Work task:
Identify each line below that contains the word "RIDE", and copy it out.
- Opening Delimiter -
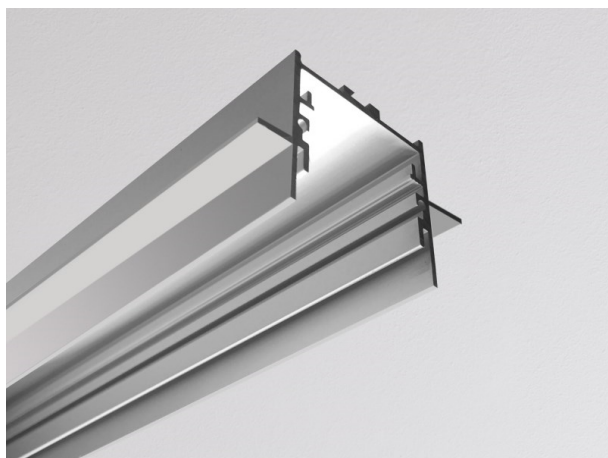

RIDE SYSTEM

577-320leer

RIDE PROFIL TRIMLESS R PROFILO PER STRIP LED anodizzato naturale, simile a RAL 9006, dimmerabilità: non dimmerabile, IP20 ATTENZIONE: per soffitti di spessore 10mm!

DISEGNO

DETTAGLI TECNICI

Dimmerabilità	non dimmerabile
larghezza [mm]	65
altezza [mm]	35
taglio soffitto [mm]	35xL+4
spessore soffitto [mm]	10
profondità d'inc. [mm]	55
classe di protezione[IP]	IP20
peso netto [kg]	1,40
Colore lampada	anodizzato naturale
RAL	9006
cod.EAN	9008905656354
- Closing Delimiter -
- Opening Delimiter -
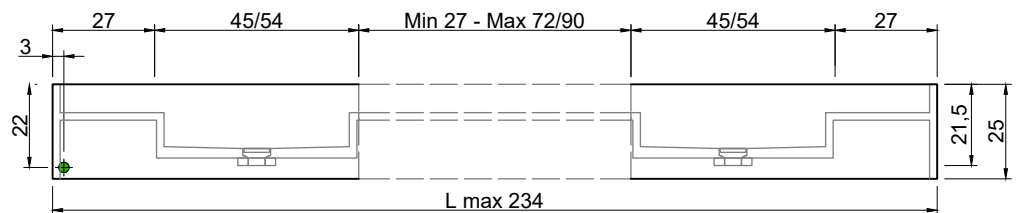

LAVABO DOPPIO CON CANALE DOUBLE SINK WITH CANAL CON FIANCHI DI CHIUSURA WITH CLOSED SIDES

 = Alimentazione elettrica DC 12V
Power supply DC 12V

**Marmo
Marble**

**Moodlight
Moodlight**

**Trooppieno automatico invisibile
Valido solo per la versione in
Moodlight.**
- Closing Delimiter -
- Opening Delimiter -
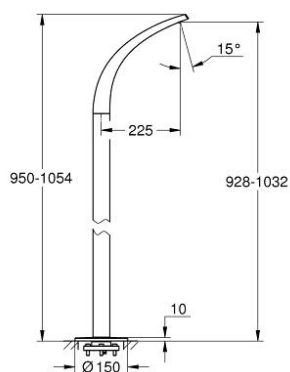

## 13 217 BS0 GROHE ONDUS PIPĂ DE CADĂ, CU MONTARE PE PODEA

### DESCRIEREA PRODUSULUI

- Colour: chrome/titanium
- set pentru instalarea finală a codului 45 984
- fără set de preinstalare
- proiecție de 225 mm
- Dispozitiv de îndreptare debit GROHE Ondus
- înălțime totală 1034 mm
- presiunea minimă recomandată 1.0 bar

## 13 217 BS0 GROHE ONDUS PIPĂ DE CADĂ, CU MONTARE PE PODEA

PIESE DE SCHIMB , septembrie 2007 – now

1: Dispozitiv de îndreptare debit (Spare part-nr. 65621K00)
- Closing Delimiter -
Response for this exercise:
RIDE SYSTEM
RIDE PROFIL TRIMLESS R PROFILO PER STRIP LED anodizzato naturale, simile a RAL 9006, dimmerabilità: non dimmerabile, IP20 ATTENZIONE: per soffitti di spessore 10mm!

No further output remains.